Shale operators in the US have shrugged off earlier downbeat projections to produce more oil and gas despite the rig count declining.
In recent years, investors have been looking for greater returns from shale operations rather than rapid production growth, so operators have had to demonstrate that they can achieve growth in a measured way while delivering returns to investors. To achieve this, they have turned to drilling increasingly deeper lateral wells. Over the past 12 years, the average horizontal well has doubled in length, while over the last year, it has increased by 5% to reach 12,400 feet.
Range Resources CEO Dennis Degner states on an analysts’ call:
“As part of Q2, the team also added four wells with lateral length exceeding 20,600 feet. These represent the longest laterals drilled in the program’s history with the longest misery just under 22,000 feet.”
He also said that the lateral footage drilled each day on average had risen by 42% to more than 4,700 feet a day in the second quarter compared to last year, with this being driven by changes in rig equipment.
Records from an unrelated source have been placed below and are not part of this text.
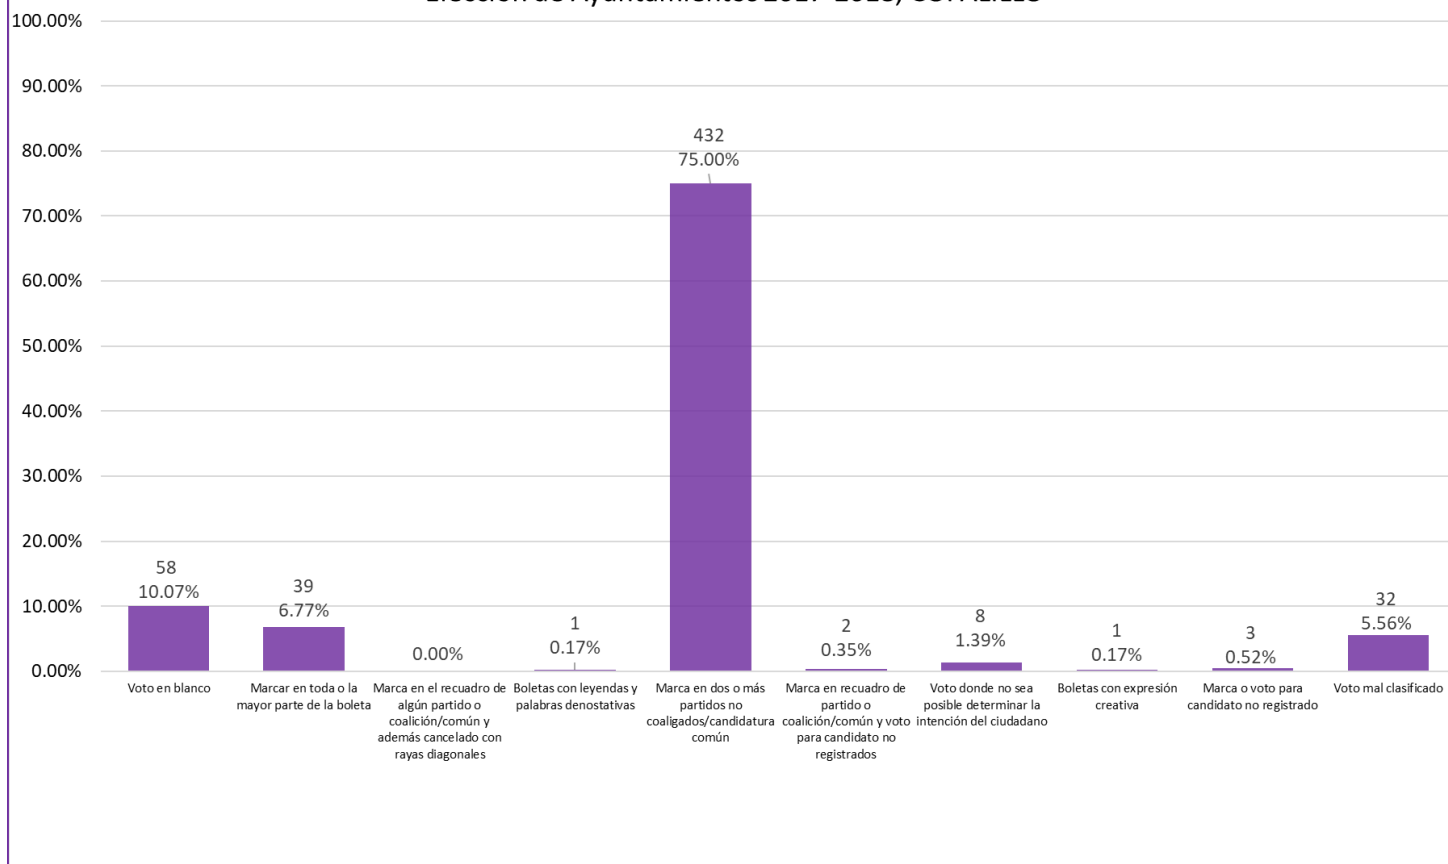

Proporción de votos nulos por tipo de marcación
Elección de Ayuntamientos 2017-2018, COPALILLO
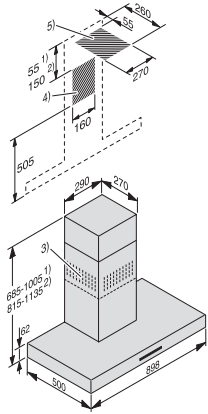

DA 4298 W Puristic Plus
Wand-Dunstabzugshaube
mit energiesparender LED-Beleuchtung und Tipptasten für komfortable Bedienung.

DA 4298 (Skizze)

1) Abluft, 2) Umluft, 3) Luftaustritt bei Umluft nach oben
montiert, 4+5) Installationsbereich (bei Umluft nur 4),
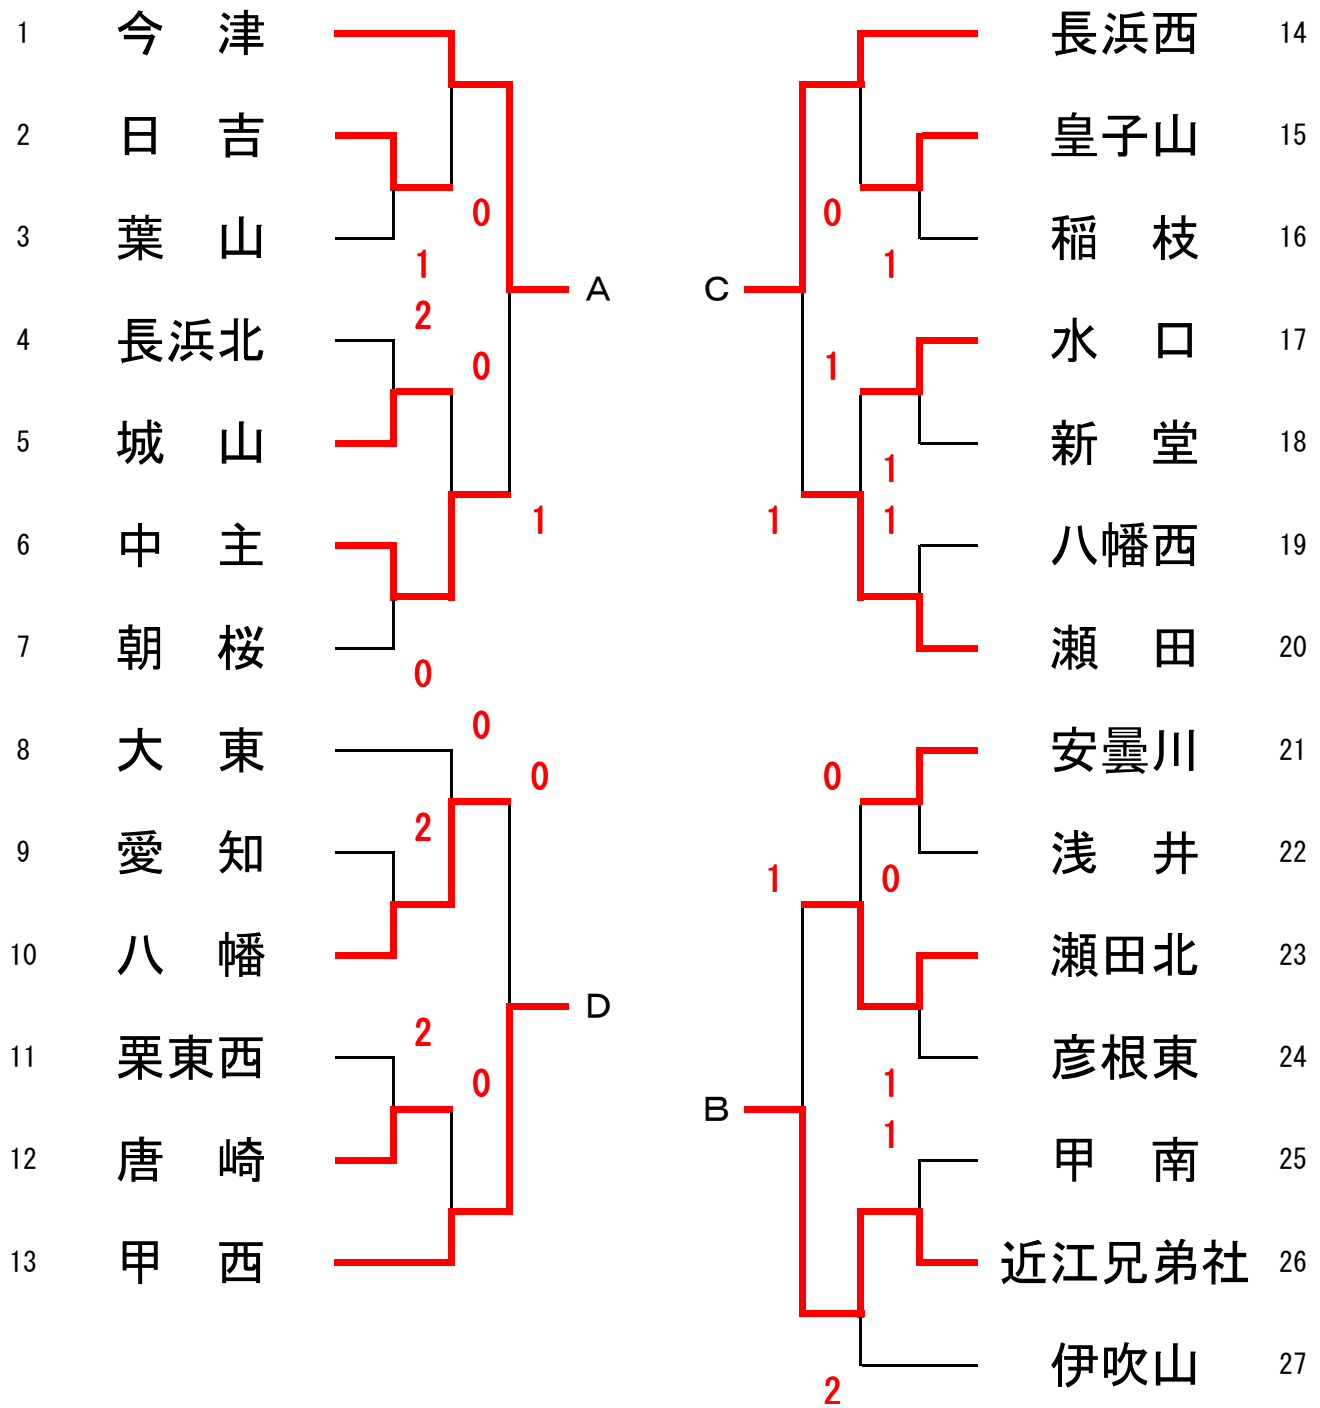

女子団体

決勝リーグ

	A 今津	B 近江兄弟社	C 長浜西	D 甲西	勝 敗	得失率	ゲーム差	順 位
A 今津		3-2	3-2	3-2	3勝0敗			1位
B 近江兄弟社	2-3		0-5	2-3	0勝3敗			4位
C 長浜西	2-3	5-0		3-2	2勝1敗			2位
D 甲西	2-3	3-2	2-3		1勝2敗			3位

Big shale players like ExxonMobil and Chevron, the makers of the Mobil and Texaco grease and lubricant brands, have raised their full-year production guidance for this year of reported record production in the second quarter. Nevertheless, increasing the length of lateral wells will only yield returns in the short term. Sustainable production gains in the medium term will likely require a new technological breakthrough.